[Dataset records Boundary: Start]

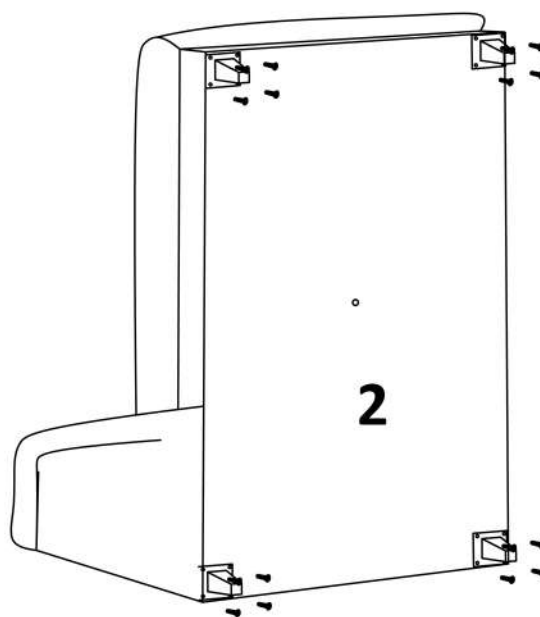

MONTANA Sedací souprava/Sedacia súprava

Sedací souprava má 8 dřevěných a 2 nastavitelné středové nožky.
Sedacia súprava má 8 drevených a 2 nastavitelné stredové nôžky.

KROK 1

Pohovku položte

KROK 2

K připevnění nožek použijte elektrický šroubovák
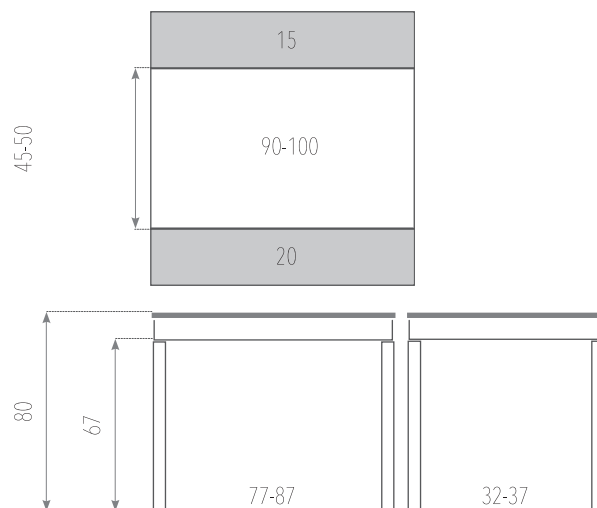

OTRAS OPCIONES

- (#) Las 4 patas pintadas en pintura tx incrementa: **50 puntos**
- (##) Las 4 patas cromadas incrementa: **70 puntos**
- Las 4 patas de madera de haya de 55x55 incrementa: **30 puntos**
- Las 4 patas con ruedas con freno incrementa: **125 puntos**
- Las 4 patas altura 90cm incrementa: **20 puntos (otras medidas consultar a fabrica).**
- Cortar las 4 patas a medida: **incrementa 10 puntos.**
- Mesa con canto efecto cristal incrementa: **20 puntos**
- Mesa con canto efecto tablero marino color madera incrementa: **20 puntos**
- Mesa con canto efecto tablero marino color metal incrementa: **20 puntos**

[Dataset records Boundary: End]

[Instructions to follow] The records above should be returned exactly; no image belongs in the copy.

[Task result]
MONTANA Sedací souprava/Sedacia súprava

Sedací souprava má 8 dřevěných a 2 nastavitelné středové nožky.
Sedacia súprava má 8 drevených a 2 nastavitelné stredové nôžky.

KROK 1

Pohovku položte

KROK 2

K připevnění nožek použijte elektrický šroubovák

OTRAS OPCIONES

- (#) Las 4 patas pintadas en pintura tx incrementa: **50 puntos**
- (##) Las 4 patas cromadas incrementa: **70 puntos**
- Las 4 patas de madera de haya de 55x55 incrementa: **30 puntos**
- Las 4 patas con ruedas con freno incrementa: **125 puntos**
- Las 4 patas altura 90cm incrementa: **20 puntos (otras medidas consultar a fabrica).**
- Cortar las 4 patas a medida: **incrementa 10 puntos.**
- Mesa con canto efecto cristal incrementa: **20 puntos**
- Mesa con canto efecto tablero marino color madera incrementa: **20 puntos**
- Mesa con canto efecto tablero marino color metal incrementa: **20 puntos**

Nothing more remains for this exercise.